Work instruction -> Check each line of the listing for the string "telai". Copy those where it appears.

(Listed entries)

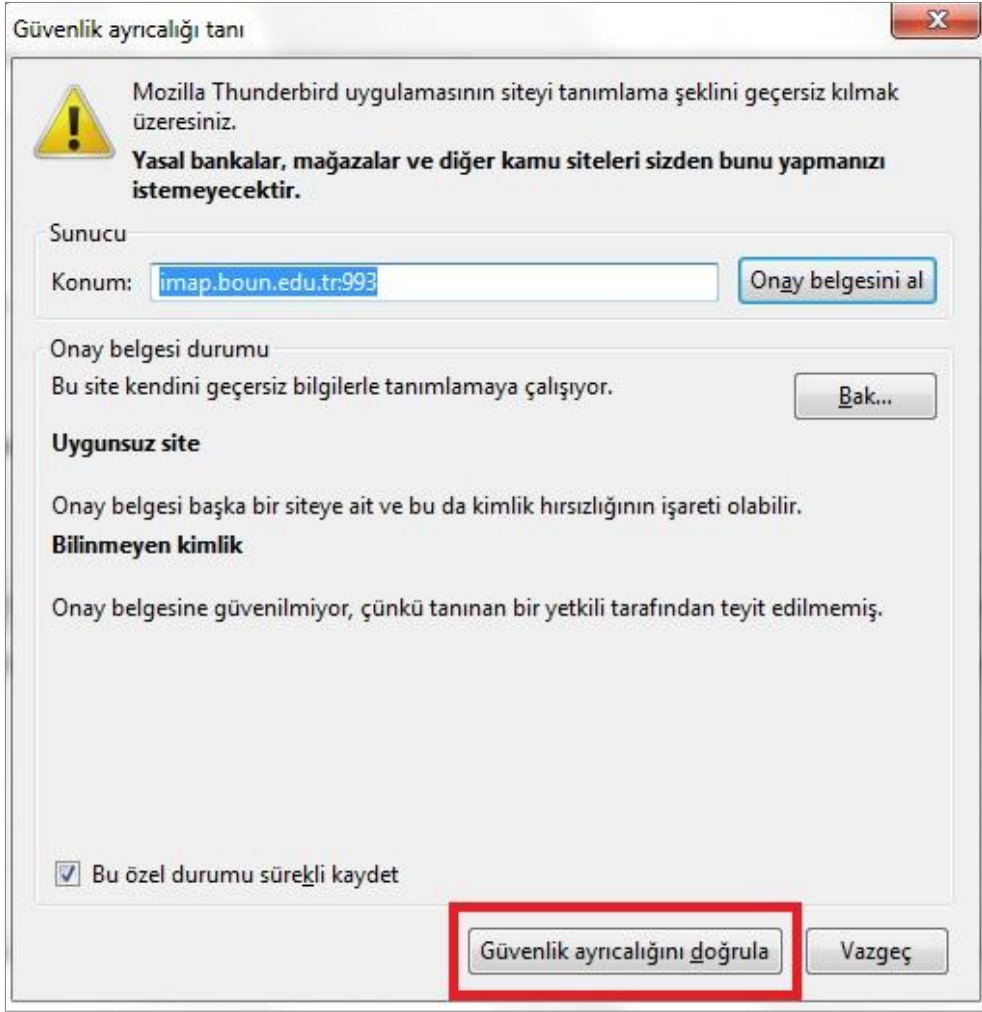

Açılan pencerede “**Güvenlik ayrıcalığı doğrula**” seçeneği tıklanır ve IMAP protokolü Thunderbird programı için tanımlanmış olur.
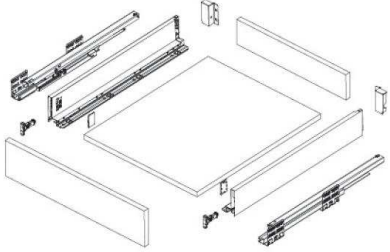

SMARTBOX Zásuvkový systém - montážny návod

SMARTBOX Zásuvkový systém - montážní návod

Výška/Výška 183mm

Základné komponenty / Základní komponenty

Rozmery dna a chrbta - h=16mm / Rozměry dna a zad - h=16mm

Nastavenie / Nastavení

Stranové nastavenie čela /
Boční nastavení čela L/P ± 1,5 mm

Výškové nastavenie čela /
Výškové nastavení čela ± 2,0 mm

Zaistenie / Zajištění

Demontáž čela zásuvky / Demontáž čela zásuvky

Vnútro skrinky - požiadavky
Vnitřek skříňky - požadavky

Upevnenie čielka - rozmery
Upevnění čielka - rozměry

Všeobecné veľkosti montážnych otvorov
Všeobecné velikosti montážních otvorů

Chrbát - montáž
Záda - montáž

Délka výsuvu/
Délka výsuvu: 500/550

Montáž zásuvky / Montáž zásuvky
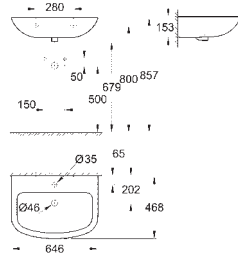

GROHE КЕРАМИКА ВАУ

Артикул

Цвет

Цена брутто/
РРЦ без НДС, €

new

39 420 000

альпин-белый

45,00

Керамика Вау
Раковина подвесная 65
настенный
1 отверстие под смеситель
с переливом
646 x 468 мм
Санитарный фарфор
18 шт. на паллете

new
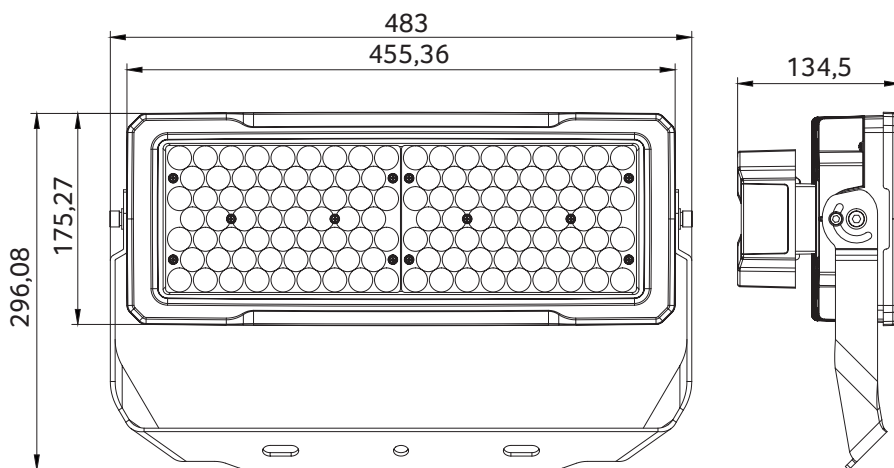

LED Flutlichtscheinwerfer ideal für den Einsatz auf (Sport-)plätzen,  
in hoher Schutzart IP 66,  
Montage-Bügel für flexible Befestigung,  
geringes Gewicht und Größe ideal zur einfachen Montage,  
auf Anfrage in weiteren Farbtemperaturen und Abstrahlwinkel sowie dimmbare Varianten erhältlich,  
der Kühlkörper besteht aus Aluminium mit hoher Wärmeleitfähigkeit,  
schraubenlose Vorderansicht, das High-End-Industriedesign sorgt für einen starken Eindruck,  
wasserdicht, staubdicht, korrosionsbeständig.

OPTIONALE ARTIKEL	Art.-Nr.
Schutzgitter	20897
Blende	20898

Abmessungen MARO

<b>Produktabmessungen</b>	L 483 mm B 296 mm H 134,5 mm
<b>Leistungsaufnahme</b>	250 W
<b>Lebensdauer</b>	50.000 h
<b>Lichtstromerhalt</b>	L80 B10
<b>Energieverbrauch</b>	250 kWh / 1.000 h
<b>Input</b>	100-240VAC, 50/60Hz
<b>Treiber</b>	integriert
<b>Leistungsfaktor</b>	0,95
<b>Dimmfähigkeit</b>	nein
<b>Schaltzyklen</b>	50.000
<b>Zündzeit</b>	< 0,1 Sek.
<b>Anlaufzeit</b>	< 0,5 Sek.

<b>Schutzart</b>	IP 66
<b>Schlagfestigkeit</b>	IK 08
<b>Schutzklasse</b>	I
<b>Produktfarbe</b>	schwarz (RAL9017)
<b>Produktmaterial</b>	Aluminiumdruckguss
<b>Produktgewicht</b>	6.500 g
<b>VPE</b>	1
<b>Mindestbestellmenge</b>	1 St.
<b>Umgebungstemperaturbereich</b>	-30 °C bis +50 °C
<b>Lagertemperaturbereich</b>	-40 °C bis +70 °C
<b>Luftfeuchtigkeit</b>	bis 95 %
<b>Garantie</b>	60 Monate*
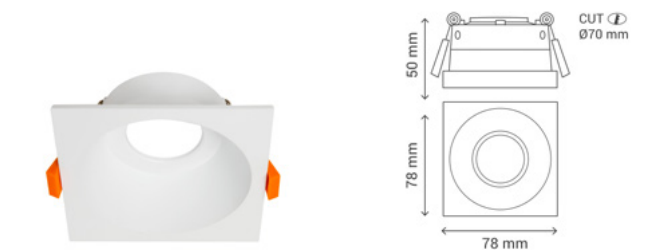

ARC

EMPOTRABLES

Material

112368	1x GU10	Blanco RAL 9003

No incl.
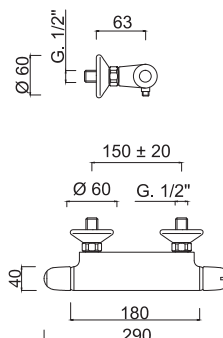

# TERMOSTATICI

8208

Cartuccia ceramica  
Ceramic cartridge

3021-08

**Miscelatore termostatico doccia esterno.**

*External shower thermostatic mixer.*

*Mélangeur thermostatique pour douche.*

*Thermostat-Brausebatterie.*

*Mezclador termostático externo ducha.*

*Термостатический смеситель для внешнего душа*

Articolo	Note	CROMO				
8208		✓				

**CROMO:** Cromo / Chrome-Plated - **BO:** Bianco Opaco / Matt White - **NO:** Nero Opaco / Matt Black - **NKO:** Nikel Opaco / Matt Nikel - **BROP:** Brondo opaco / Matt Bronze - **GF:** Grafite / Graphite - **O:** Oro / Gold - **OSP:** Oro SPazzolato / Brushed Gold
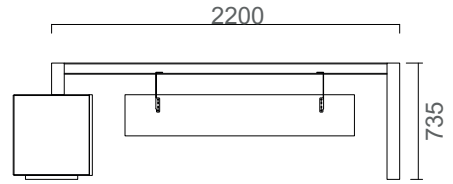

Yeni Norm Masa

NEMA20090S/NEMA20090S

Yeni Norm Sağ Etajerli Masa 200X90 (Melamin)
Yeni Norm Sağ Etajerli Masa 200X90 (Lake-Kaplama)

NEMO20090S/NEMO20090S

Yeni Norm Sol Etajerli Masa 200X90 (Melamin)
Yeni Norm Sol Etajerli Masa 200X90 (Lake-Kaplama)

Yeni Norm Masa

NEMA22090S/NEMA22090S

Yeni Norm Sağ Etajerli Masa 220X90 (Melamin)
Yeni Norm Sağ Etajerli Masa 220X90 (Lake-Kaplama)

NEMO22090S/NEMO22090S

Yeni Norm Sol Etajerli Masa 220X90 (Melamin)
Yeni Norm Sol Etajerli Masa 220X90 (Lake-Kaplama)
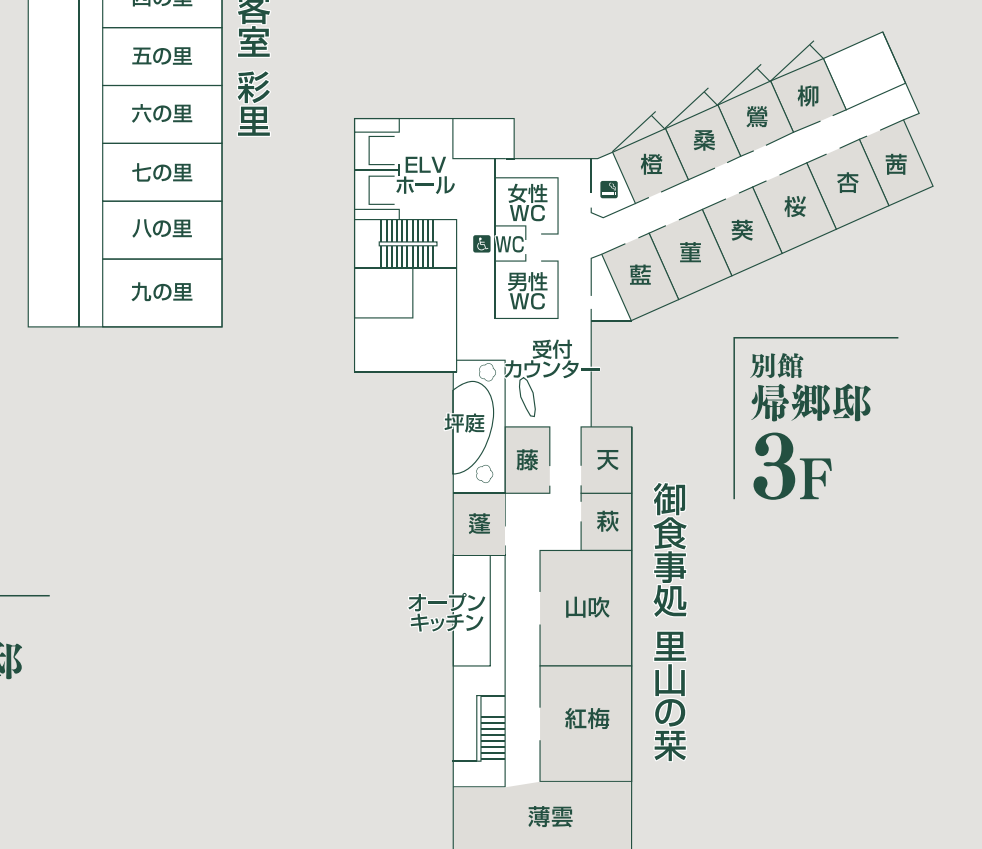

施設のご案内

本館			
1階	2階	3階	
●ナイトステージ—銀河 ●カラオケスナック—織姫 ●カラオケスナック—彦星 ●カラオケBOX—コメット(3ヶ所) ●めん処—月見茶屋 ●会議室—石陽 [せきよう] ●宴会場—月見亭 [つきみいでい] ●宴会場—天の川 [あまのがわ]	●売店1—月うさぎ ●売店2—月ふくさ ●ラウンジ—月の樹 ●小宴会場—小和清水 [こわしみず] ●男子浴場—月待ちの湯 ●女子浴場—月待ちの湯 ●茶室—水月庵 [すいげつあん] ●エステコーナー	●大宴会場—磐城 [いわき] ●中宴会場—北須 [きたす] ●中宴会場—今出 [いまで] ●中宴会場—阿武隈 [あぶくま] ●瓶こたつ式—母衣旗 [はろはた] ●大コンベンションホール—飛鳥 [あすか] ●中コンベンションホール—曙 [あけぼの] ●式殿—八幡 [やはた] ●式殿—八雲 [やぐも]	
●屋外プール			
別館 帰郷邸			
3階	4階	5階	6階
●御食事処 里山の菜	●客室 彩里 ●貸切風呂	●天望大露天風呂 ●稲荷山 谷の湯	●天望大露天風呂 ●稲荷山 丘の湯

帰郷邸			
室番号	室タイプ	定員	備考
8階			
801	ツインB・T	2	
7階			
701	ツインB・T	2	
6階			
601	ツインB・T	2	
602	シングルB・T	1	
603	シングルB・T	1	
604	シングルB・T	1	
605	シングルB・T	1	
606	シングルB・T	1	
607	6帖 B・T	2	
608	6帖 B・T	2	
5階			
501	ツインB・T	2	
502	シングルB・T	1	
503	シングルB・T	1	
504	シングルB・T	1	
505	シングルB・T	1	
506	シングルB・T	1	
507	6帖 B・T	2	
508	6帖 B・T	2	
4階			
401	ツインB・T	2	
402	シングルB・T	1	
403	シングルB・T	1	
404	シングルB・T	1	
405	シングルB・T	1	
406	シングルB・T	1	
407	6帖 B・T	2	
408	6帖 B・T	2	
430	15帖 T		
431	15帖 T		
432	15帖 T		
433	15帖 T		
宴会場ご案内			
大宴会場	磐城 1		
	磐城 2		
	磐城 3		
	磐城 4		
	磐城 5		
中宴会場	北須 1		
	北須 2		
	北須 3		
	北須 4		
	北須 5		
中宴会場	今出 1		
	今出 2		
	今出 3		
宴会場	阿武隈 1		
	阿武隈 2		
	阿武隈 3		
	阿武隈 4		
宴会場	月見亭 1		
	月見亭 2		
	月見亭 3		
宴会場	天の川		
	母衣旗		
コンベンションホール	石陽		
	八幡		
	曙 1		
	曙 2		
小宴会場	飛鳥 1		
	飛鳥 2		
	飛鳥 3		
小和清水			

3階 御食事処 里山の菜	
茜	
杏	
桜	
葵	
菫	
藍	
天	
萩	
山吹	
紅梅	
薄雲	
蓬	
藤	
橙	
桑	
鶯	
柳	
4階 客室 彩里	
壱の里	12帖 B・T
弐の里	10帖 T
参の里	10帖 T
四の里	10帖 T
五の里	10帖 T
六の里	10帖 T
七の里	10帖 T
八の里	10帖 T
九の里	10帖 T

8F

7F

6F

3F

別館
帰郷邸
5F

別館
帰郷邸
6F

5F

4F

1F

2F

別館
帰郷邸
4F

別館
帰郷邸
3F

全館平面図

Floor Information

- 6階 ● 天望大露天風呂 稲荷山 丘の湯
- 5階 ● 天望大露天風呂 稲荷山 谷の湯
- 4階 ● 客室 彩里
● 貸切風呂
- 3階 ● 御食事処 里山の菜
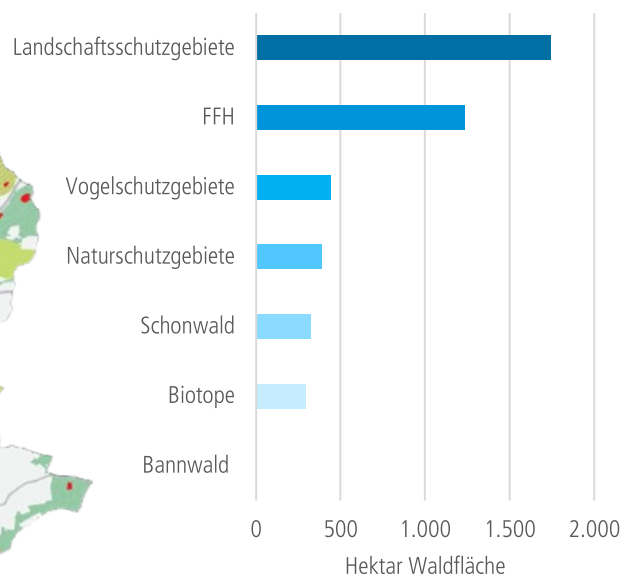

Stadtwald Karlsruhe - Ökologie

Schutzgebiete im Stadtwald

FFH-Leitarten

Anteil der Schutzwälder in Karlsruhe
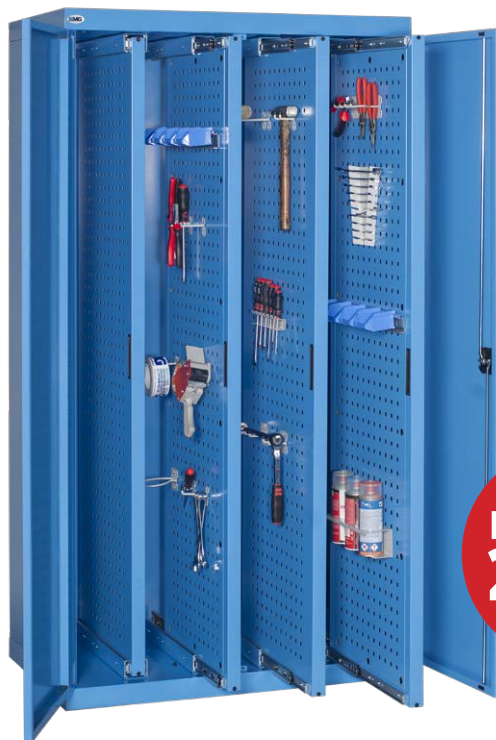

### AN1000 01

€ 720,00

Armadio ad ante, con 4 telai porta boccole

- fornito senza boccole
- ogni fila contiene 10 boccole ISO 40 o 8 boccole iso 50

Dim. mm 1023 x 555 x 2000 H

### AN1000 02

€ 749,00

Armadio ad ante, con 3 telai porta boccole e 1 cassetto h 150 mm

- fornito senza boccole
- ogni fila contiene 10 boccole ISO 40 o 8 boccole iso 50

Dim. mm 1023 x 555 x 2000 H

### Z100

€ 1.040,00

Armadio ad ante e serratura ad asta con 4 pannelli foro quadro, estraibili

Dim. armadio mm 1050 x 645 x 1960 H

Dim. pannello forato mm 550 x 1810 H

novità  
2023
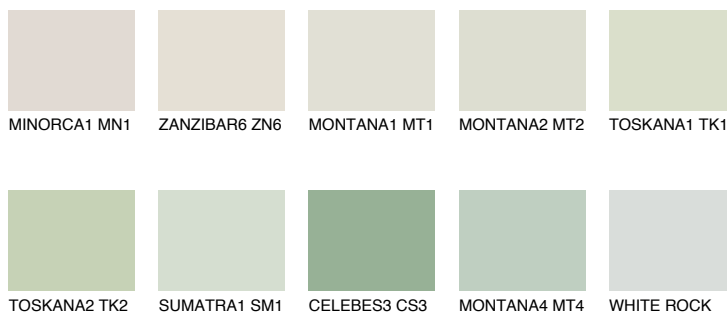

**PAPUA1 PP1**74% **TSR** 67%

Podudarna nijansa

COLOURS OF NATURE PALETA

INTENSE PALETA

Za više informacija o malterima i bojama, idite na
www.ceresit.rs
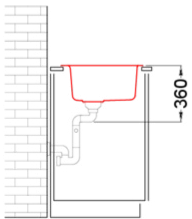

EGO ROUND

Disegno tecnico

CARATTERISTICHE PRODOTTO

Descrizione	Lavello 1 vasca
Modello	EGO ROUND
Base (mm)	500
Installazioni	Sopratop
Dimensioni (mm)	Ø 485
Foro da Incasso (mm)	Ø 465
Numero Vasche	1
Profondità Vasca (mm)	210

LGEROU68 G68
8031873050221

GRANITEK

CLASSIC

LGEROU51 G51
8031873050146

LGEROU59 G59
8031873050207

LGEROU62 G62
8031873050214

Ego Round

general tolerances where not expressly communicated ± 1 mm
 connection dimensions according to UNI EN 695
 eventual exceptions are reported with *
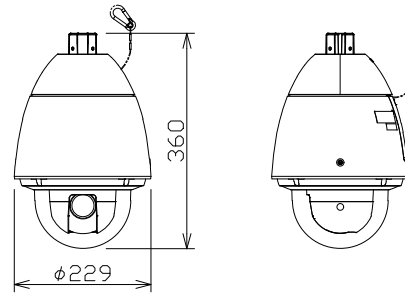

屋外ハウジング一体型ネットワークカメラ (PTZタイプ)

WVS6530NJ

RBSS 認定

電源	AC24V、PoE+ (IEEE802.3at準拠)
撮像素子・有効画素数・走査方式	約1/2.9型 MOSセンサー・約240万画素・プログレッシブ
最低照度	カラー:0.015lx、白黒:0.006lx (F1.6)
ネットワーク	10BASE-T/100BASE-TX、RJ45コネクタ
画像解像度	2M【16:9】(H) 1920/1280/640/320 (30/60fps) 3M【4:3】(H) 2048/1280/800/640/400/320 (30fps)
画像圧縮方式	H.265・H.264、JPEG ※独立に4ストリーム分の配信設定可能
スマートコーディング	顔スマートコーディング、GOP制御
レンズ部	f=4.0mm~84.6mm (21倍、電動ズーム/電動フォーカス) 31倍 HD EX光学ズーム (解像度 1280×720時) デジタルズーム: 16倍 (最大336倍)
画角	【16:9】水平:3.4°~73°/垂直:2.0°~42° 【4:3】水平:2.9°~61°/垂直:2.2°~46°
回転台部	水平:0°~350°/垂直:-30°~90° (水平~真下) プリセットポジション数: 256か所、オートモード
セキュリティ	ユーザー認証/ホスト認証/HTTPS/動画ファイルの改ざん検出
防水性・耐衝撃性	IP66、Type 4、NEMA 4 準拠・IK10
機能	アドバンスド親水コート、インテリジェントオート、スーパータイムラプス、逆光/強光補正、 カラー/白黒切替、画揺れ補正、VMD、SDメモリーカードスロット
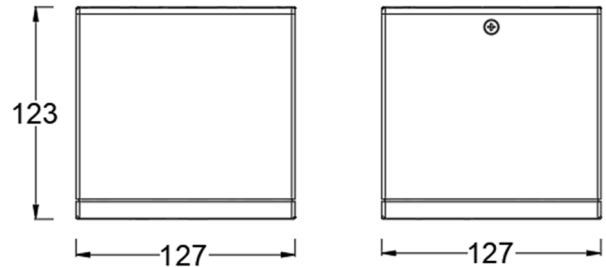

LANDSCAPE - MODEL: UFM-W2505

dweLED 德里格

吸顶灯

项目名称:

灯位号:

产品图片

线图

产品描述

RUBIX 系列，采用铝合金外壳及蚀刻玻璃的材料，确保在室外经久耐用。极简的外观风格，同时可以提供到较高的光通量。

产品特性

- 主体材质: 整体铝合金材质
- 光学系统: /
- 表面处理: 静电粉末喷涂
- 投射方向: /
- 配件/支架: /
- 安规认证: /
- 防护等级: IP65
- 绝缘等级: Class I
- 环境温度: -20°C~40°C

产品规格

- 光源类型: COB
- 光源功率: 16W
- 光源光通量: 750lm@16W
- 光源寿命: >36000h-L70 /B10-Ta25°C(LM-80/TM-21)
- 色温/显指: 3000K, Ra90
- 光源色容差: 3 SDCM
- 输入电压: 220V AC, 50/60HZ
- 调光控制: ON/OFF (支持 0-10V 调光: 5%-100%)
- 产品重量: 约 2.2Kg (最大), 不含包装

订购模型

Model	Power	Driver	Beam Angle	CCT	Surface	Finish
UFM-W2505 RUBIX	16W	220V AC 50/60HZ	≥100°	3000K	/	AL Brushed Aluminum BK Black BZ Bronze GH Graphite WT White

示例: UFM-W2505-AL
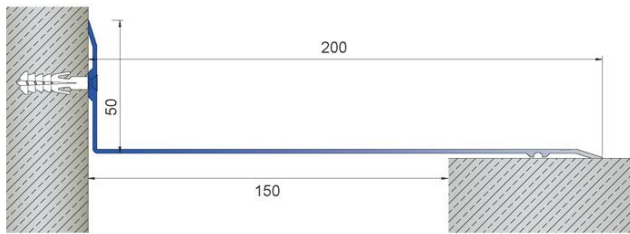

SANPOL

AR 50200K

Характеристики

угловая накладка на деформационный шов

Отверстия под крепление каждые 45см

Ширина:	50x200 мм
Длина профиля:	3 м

(End Listed entries)

Exercise answer ->
Armadio ad ante, con 4 telai porta boccole
Armadio ad ante, con 3 telai porta boccole e 1 cassetto h 150 mm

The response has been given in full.